Take fire for example. The play workers say that a fire is lit in the tin drum on a corner of The Land on a daily basis. Fires are never stopped.

Before The Land opened, manager Claire Griffiths and the other playworkers conducted “risk benefits assessments” for nearly every activity that could go on in the play area.

“Here’s the list of benefits for fire: ‘It can be a social experience to sit around with friends, make friends, to sing songs to dance around, to stare at, it can be a cooperative experience where everyone has jobs. It can be something to experiment with, to take risks, to test its properties, its heat, its power, to re-live our evolutionary past.’

“The risks? ‘Burns from fire or fire pit’ and ‘children accidentally burning each other with flaming cardboard or wood.’

“In this case, the benefits win, because a playworker is always nearby, watching for impending accidents but otherwise letting the children figure out lessons about fire on their own.”

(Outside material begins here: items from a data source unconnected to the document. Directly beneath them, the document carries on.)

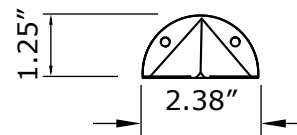

## ST11 SNOW GUARD

SELECT DESIRED MATERIAL:

- COPPER - 16 OZ
- PAINTED ALUMINUM - 0.032"

ISOMETRIC VIEW

TOP VIEW

SIDE VIEW

FRONT VIEW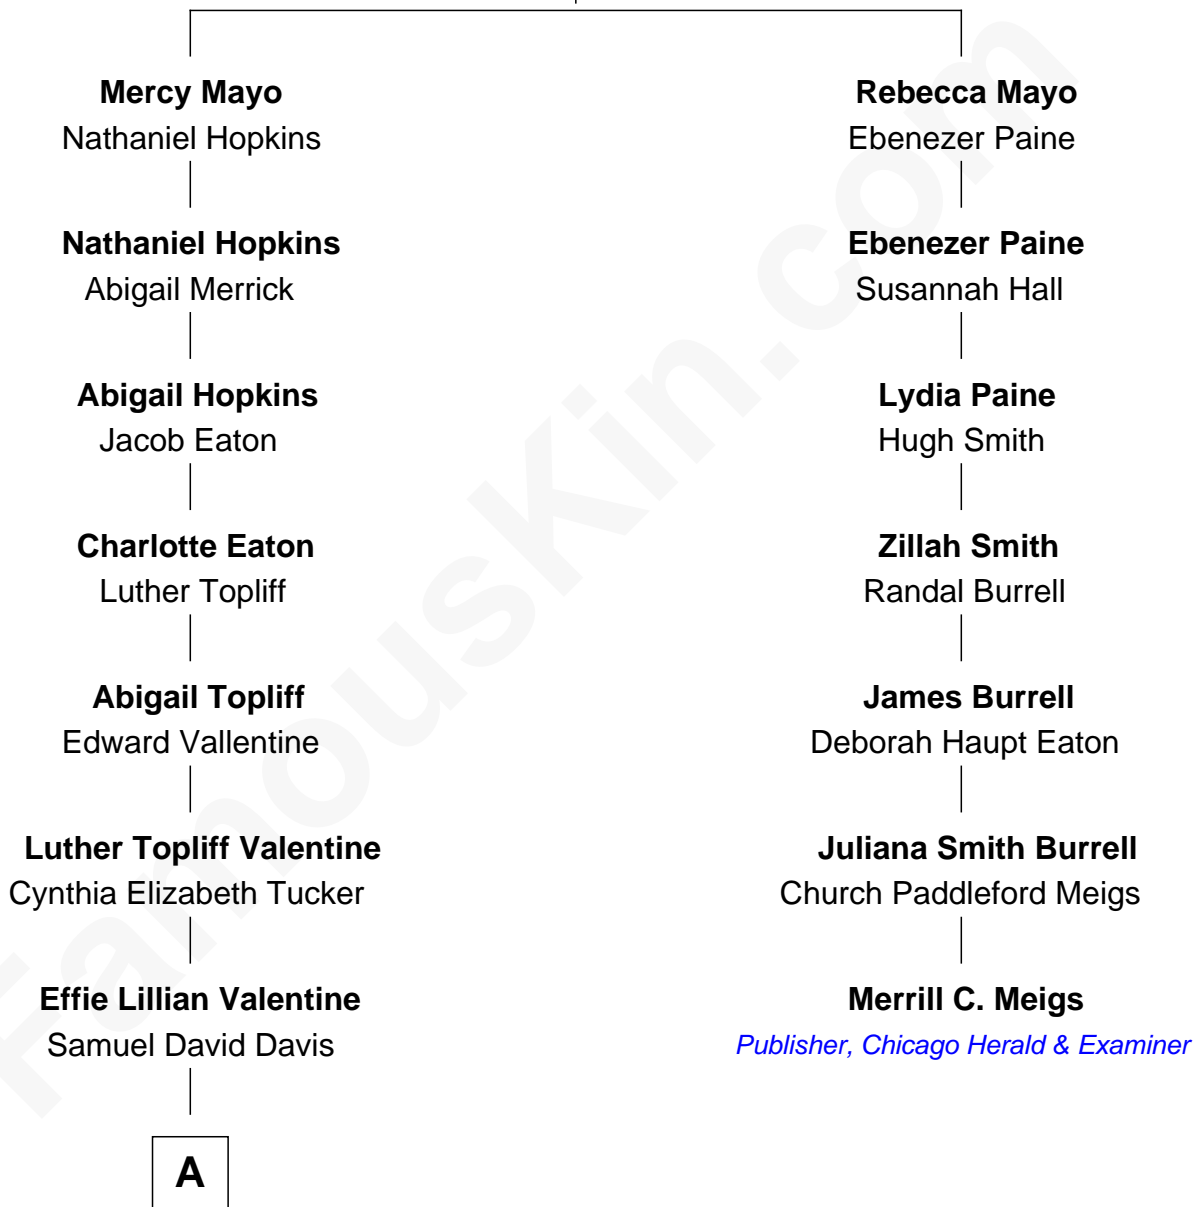

FamousKin.com Relationship Chart of

Lisa Marie Presley
Singer-Songwriter

6th cousin 4 times removed of

Merrill C. Meigs

Publisher, Chicago Herald & Examiner

John Mayo
Hannah Freeman

A

—
Lorraine Grace Davis

Albert Henry Iversen

—
Anna Lillian Iversen

James Frederick Wagner

—
Priscilla Ann Wagner

Elvis Presley

—
Lisa Marie Presley

Singer-Songwriter

FamousKin.com

What have I learned from all of this?

I agree with a lot of what Rosin writes. According to the same friend, who told me to read the article because it reminded her of me, I am already a parent who lets her children take risks that other parents do not. The article made me more conscious of our parenting style and how the kids approach activities.

Achi is learning to cross the street. In the past, she looked both ways and told me it is time to cross. This time, she looks both ways and says it is ok to cross. I let her cross by herself, leaving me behind. I follow when she has reached the other side. We have been doing this on side streets where cars are few and far between. It will take me a few more years before I could feel comfortable about letting her cross a busy street on her own.

Shobe has been helping me cook. Instead of my old style where I supervise how she is stirring a pot, I have started leaving the kitchen. I taught her how to hold the pot handle, the ladle and how to make sure she’s stable on the chair she is standing on. Yes, she has been burned when her finger touched a boiling pan and when she tasted the food without blowing on it. Never again.